Record excerpts:

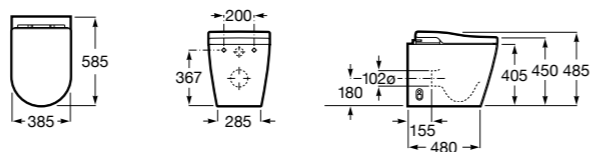

Smart-унитазы

In-Wash®
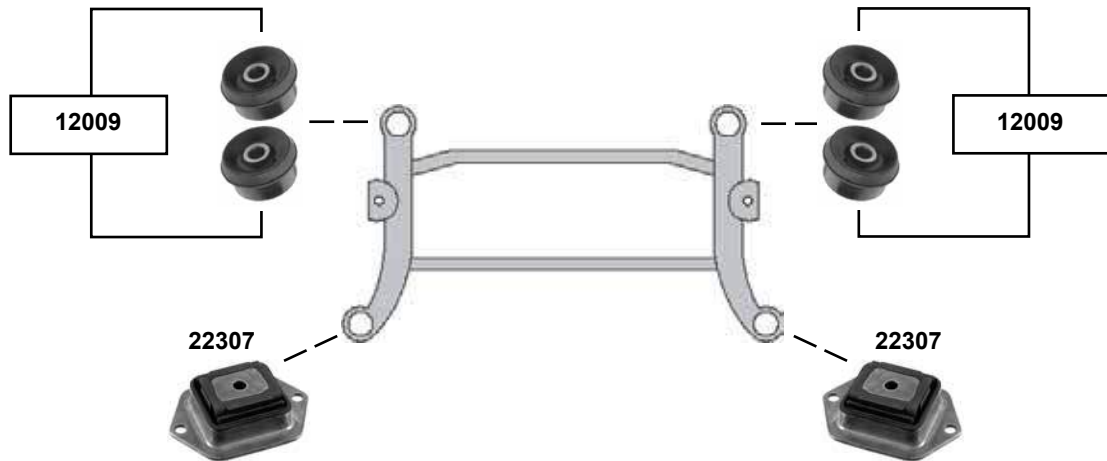

Berlingo I
(1996 → 2002)

servo

2.0 HDI
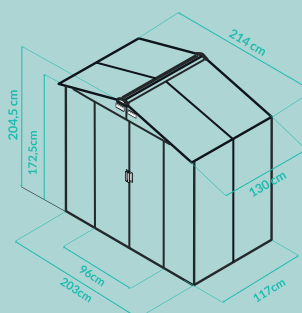

METALSHED CORCEGA

Casette metalliche high door corcega

Modello intermedio di casette metalliche. Ha il tetto a falda doppia che evacua l'acqua piovana ai lati della casetta. Ha una piccola finestra, che permette l'ingresso della luce e una maggiore ventilazione all'interno. Include la possibilità di mettere un catenaccio alla porta.

		Colore	Ean
2021580*	2,14 x 2,05 x 1,30 m		8422502022953
2021581*	2,14 x 2,05 x 1,30 m		8422502172047
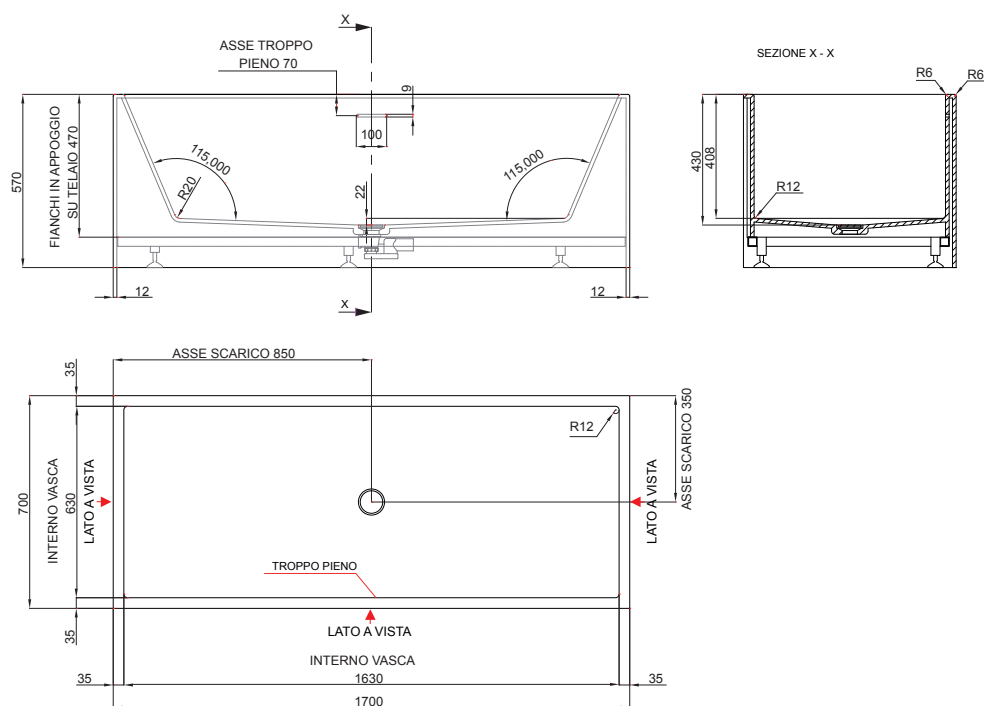

Legenda:

▲ = LATO A VISTA

NIC Design

VASCA POOL

cod. 014 465

Vasca da bagno a parete in Corian® DuPont™
cm.170x70xh.57 completa di piletta a pressione
scarico troppopieno e sifone
Wall version bath tub in Corian® DuPont™
170x70xh.57 cm. with overflow pressure plug and
syphon included

Legenda:

▲ = LATO A VISTA

NIC Design

VASCA POOL

cod. 014 466

Vasca da bagno angolo SX in Corian® DuPont™
cm.170x70xh.57 completa di piletta a pressione
scarico troppopieno e sifone
Left version bath tub in Corian® DuPont™
170x70xh.57 cm. with overflow pressure plug and
syphon included

Legenda:

▲ = LATO A VISTA

NIC Design

VASCA POOL

cod. 014 467

Vasca da bagno angolo DX in Corian® DuPont™
cm.170x70xh.57 completa di piletta a pressione
scarico troppopieno e sifone
Right version bath tub in Corian® DuPont™
170x70xh.57 cm. with overflow pressure plug and
syphon included

Legenda:

▲ = LATO A VISTA

NIC Design

VASCA POOL

cod. 014 468

Vasca da bagno a nicchia in Corian® DuPont™
cm.170x70xh.57 completa di piletta a pressione
scarico troppopieno e sifone
Recessed bath tub in Corian® DuPont™
170x70xh.57 cm. with overflow pressure plug and
syphon included
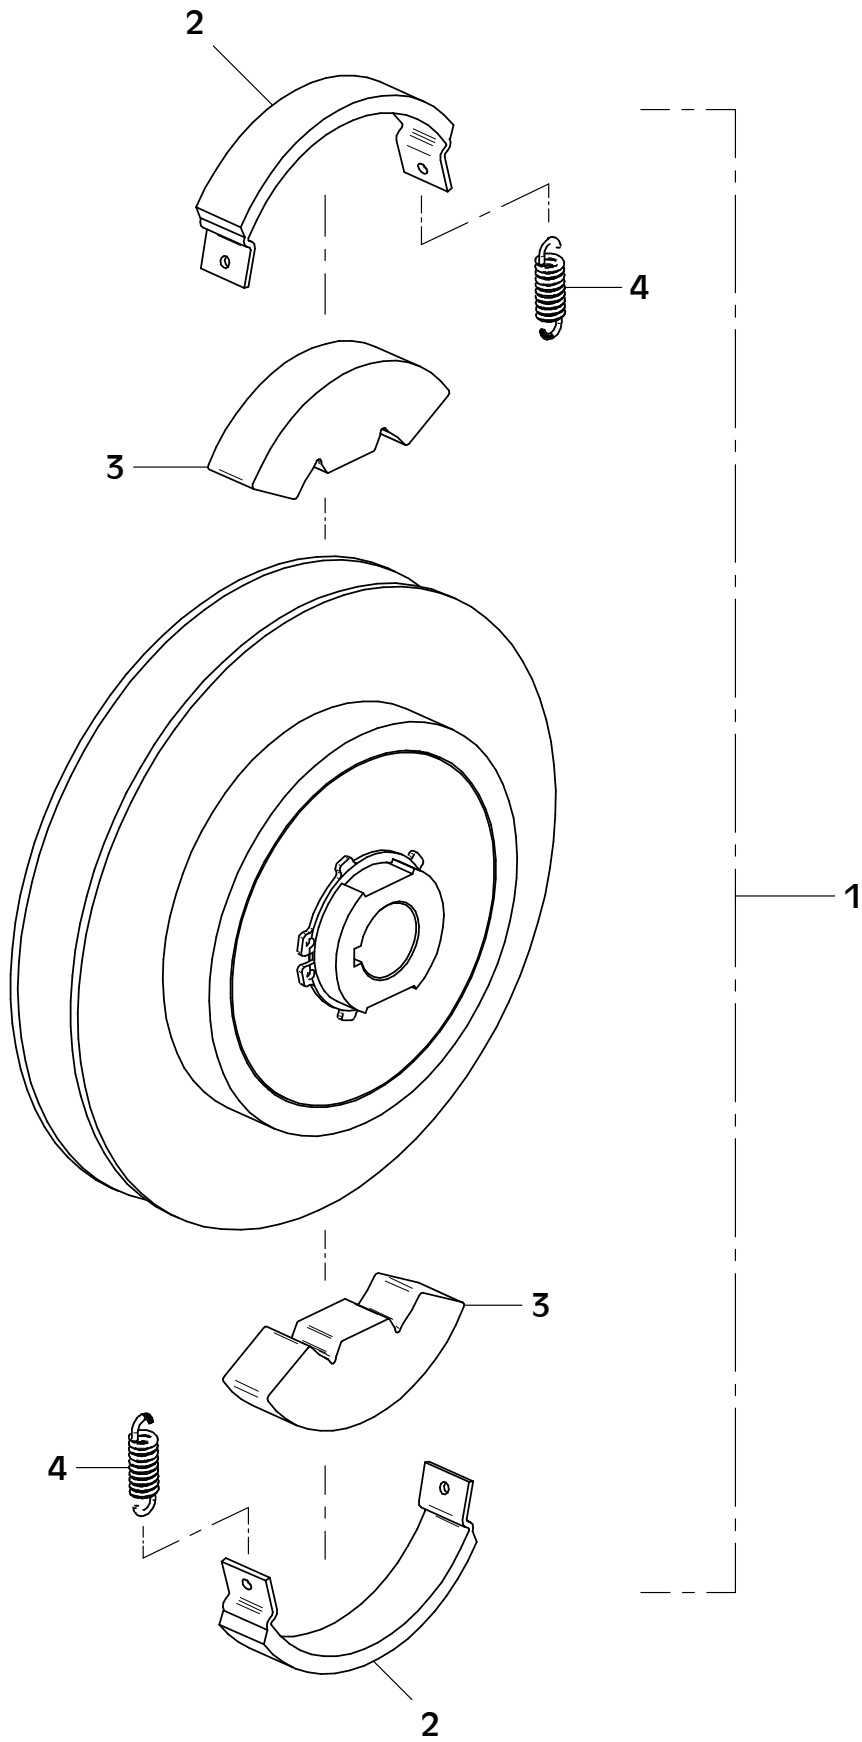

E 3727-1220

E 3727-1220

Position Ref.No. Repère Posizione	Menge Quantity Quantité Cantidad	Teile-Nr. Part-No. No. Référence Nr. d'Ordine No. Referenzia	Hinweis Hints Indications Indicazione Indicaciones	Position Ref. No. Repère Posizione	Menge Quantity Quantité Cantidad	Teile-Nr. Part-No. No. Référence Nr. d'Ordine No. Referenzia	Hinweis Hints Indications Indicazione Indicaciones
1	1	21000607					
2	2	11001025					
3	4	25038012	DIN933-M8x45				
4	4	20025122	VS 8				
5	4	25049026	DIN7349-8,4				
6	4	20029024	Nord-Lock 8,0				
7	4	25031003	DIN934-M8				
8	1	30047446					
9	1	11002327					
10	4	25043005	DIN933-5/16"				
11	4	20029003	VSK 8				
12	1	21001702					
13	1	41001634					
14	1	10005346					
15	1	25047062	DIN7991-5/16"-24UNF				
16	1	25005003	DIN6798-V8,4				
17	1	21001306					
18	1	11002328					
19	4	21000585	DIN7964-M8x40				
20	4	20029031	SKM 8				
21	1	21000632					
22	1	25038072	DIN933-M6x12				
23	1	21000610					
24	4	20026389					
25	1	20026383					
26	1	21000335					
27	1	25048001	DIN125-A6,4				

ab Serien-Nr.20052907

E 3917-0621

E 3917-0621

Position Ref.No. Repère Posizione Posicion	Menge Quantity Quantité Quantita Cantidad	Teile-Nr. Part-No. No. Référence Nr. d'Ordine No. Referenzia	Hinweis Hints Indications Indicazione Indicaciones	Position Ref. No. Repère Posizione Posicion	Menge Quantity Quantité Quantita Cantidad	Teile-Nr. Part-No. No. Référence Nr. d'Ordine No. Referenzia	Hinweis Hints Indications Indicazione Indicaciones
1	1	21001702					
2	2	21001705					
3	2	21000594					
4	2	20002223					
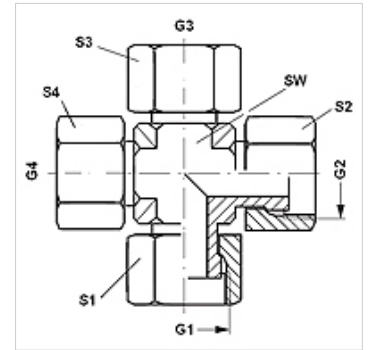

K AJF

Connector, kruis-vorm

HANSA FLEX

Eigenschappen

Aansluiting 1 - 4	ORFS-moerdraad
Afdichtingsvorm 1 - 4	vlakdichtend
Constructie	Connectors
Uitvoering	K-vorm
Materiaal	Staal
Oppervlakbescherming	Galvanisch gecoat

Artikel

Aanduiding	G1 - G4	SW (mm)	S1 - S4 (mm)
K AJF 04	9/16" -18 UNF	14	17
K AJF 06	11/16" -16 UN	19	22
K AJF 08	13/16" -16 UN	19	24
K AJF 10	1" -14 UNS	27	30
K AJF 12	1,3/16" -12 UN	30	36
K AJF 16	1,7/16" -12 UN	37	41

SW, S1, S2 = sleutelmaat

Task to complete: Copy out all the data above exactly, minus the images.

Result of the task:
Smart-унитазы

In-Wash®

Berlingo I
(1996 → 2002)

servo

2.0 HDI

METALSHED CORCEGA

Casette metalliche high door corcega

Modello intermedio di casette metalliche. Ha il tetto a falda doppia che evacua l'acqua piovana ai lati della casetta. Ha una piccola finestra, che permette l'ingresso della luce e una maggiore ventilazione all'interno. Include la possibilità di mettere un catenaccio alla porta.

		Colore	Ean
2021580*	2,14 x 2,05 x 1,30 m		8422502022953
2021581*	2,14 x 2,05 x 1,30 m		8422502172047

Legenda:

▲ = LATO A VISTA

NIC Design

VASCA POOL

cod. 014 465

Vasca da bagno a parete in Corian® DuPont™
cm.170x70xh.57 completa di piletta a pressione
scarico troppopieno e sifone
Wall version bath tub in Corian® DuPont™
170x70xh.57 cm. with overflow pressure plug and
syphon included

Legenda:

▲ = LATO A VISTA

NIC Design

VASCA POOL

cod. 014 466

Vasca da bagno angolo SX in Corian® DuPont™
cm.170x70xh.57 completa di piletta a pressione
scarico troppopieno e sifone
Left version bath tub in Corian® DuPont™
170x70xh.57 cm. with overflow pressure plug and
syphon included

Legenda:

▲ = LATO A VISTA

NIC Design

VASCA POOL

cod. 014 467

Vasca da bagno angolo DX in Corian® DuPont™
cm.170x70xh.57 completa di piletta a pressione
scarico troppopieno e sifone
Right version bath tub in Corian® DuPont™
170x70xh.57 cm. with overflow pressure plug and
syphon included

Legenda:

▲ = LATO A VISTA

NIC Design

VASCA POOL

cod. 014 468

Vasca da bagno a nicchia in Corian® DuPont™
cm.170x70xh.57 completa di piletta a pressione
scarico troppopieno e sifone
Recessed bath tub in Corian® DuPont™
170x70xh.57 cm. with overflow pressure plug and
syphon included

E 3727-1220

E 3727-1220

Position Ref.No. Repère Posizione	Menge Quantity Quantité Cantidad	Teile-Nr. Part-No. No. Référence Nr. d'Ordine No. Referenzia	Hinweis Hints Indications Indicazione Indicaciones	Position Ref. No. Repère Posizione	Menge Quantity Quantité Cantidad	Teile-Nr. Part-No. No. Référence Nr. d'Ordine No. Referenzia	Hinweis Hints Indications Indicazione Indicaciones
1	1	21000607					
2	2	11001025					
3	4	25038012	DIN933-M8x45				
4	4	20025122	VS 8				
5	4	25049026	DIN7349-8,4				
6	4	20029024	Nord-Lock 8,0				
7	4	25031003	DIN934-M8				
8	1	30047446					
9	1	11002327					
10	4	25043005	DIN933-5/16"				
11	4	20029003	VSK 8				
12	1	21001702					
13	1	41001634					
14	1	10005346					
15	1	25047062	DIN7991-5/16"-24UNF				
16	1	25005003	DIN6798-V8,4				
17	1	21001306					
18	1	11002328					
19	4	21000585	DIN7964-M8x40				
20	4	20029031	SKM 8				
21	1	21000632					
22	1	25038072	DIN933-M6x12				
23	1	21000610					
24	4	20026389					
25	1	20026383					
26	1	21000335					
27	1	25048001	DIN125-A6,4				

ab Serien-Nr.20052907

E 3917-0621

E 3917-0621

Position Ref.No. Repère Posizione Posicion	Menge Quantity Quantité Quantita Cantidad	Teile-Nr. Part-No. No. Référence Nr. d'Ordine No. Referenzia	Hinweis Hints Indications Indicazione Indicaciones	Position Ref. No. Repère Posizione Posicion	Menge Quantity Quantité Quantita Cantidad	Teile-Nr. Part-No. No. Référence Nr. d'Ordine No. Referenzia	Hinweis Hints Indications Indicazione Indicaciones
1	1	21001702					
2	2	21001705					
3	2	21000594					
4	2	20002223					

K AJF

Connector, kruis-vorm

HANSA FLEX

Eigenschappen

Aansluiting 1 - 4	ORFS-moerdraad
Afdichtingsvorm 1 - 4	vlakdichtend
Constructie	Connectors
Uitvoering	K-vorm
Materiaal	Staal
Oppervlakbescherming	Galvanisch gecoat

Artikel

Aanduiding	G1 - G4	SW (mm)	S1 - S4 (mm)
K AJF 04	9/16" -18 UNF	14	17
K AJF 06	11/16" -16 UN	19	22
K AJF 08	13/16" -16 UN	19	24
K AJF 10	1" -14 UNS	27	30
K AJF 12	1,3/16" -12 UN	30	36
K AJF 16	1,7/16" -12 UN	37	41

SW, S1, S2 = sleutelmaat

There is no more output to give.